Contour plots are perhaps the easiest way to visualize two-dimensional data. When the function we wish to plot depends on two independent variables, like $f(x,y)$, we need a third dimension in which to show the function values--simple 2-D plots don't work. Consider the function of two Gaussians defined in the $x$-$y$ plane,

\begin{displaymath}f(x,y) = \frac{1}{e^{\vert\vec r -\hat x/2\vert^2}}-\frac{1}{e^{\vert\vec r +\hat x/2\vert^2}}. \end{displaymath}

This function defines an exponential ``hill'' centered at $(\frac{1}{2},0)$ and an exponential ``valley'' centered at $(-\frac{1}{2},0)$. It's not too hard to visualize what an ``elevation map'' of this function would look like.
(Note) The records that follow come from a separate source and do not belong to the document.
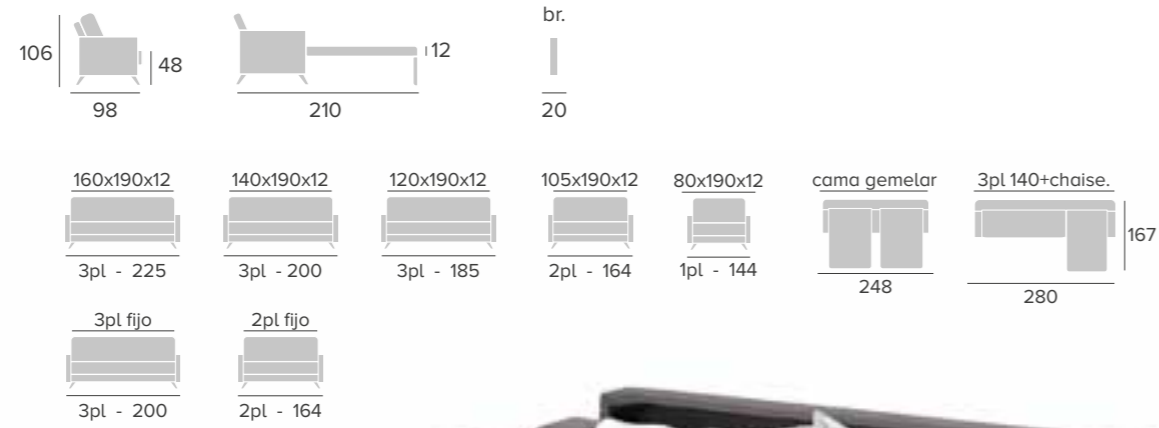

530 NUBE
mesa

535
mesa

Acabados de madera disponibles: / Finitions pour bois disponibles: / Wood finishes available:

CLEO
sofá

VENECIA
relax

EUROPEA
INTERMOBEL

CLEO
sofá

SISTEMA DE APERTURA

SYSTÈME D'OUVERTURE
OPENING SYSTEM

TARIFA pág. 28

VENECIA
relax

Opciones / Options / Options:

- Fijo / Manual empuje / Eléctrico / 1 Motor elevador
- Fixe / Relax manuel / Électrique / Releveur 1 moteur
- Fixe / Manual recliner / Electric / Lift 1 motor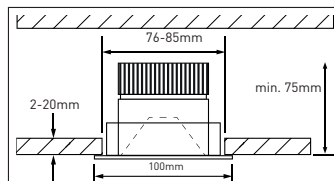

AVVERTENZE

IT Montaggio e messa in funzione possono essere effettuati solo da personale specializzato autorizzato (elettrinstallatori). Il proiettore serve esclusivamente a scopo di illuminazione e deve essere installato secondo le disposizioni di montaggio. Un altro utilizzo o un'altra modalità di incasso sono considerati „non conformi“. Attenzione! Lavorare sempre in assenza di tensione mentre si cablano e si installano gli apparecchi e le unità di alimentazione. In caso contrario i moduli LED possono andare distrutti. I dati tecnici possono subire modifiche senza preavviso. Le lampadene possono essere sostituite. Questo prodotto contiene una sorgente luminosa di classe di efficienza energetica E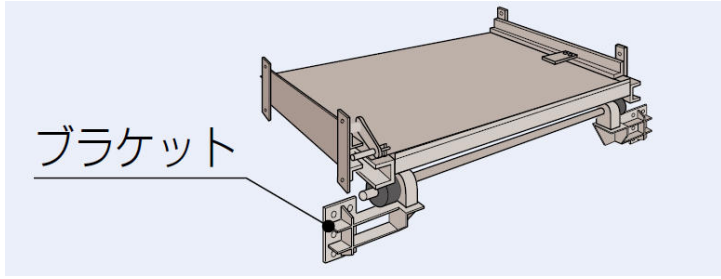

ムラテックKDS(株)
ブラケット左右用BKT-RL

ブランド名

ムラテックKDS

商品名

ブラケット左右用

型式

BKT-RL

品番

※この画像はシリーズ代表画像になります。

2,000kg用のみ使用します。スライドシェルフのガイドローラーをサイドフレームに固定する部品です。
。（取付けボルト含む）

スペック

高さ：
間口：
ストローク：
耐荷重：

Sketch your guess and then try the following.
% Plotting 2D data with contour
close all; clear all;
points = linspace(-2,2,40); % 40 equally spaced points between
[X Y] = meshgrid(points,points); % Create two arrays, x & y
Z = 1./exp((X-.5).^2+Y.^2)-1./exp((X+.5).^2+Y.^2);
contour(X,Y,Z,30) % The fourth argument says "draw 30 contours"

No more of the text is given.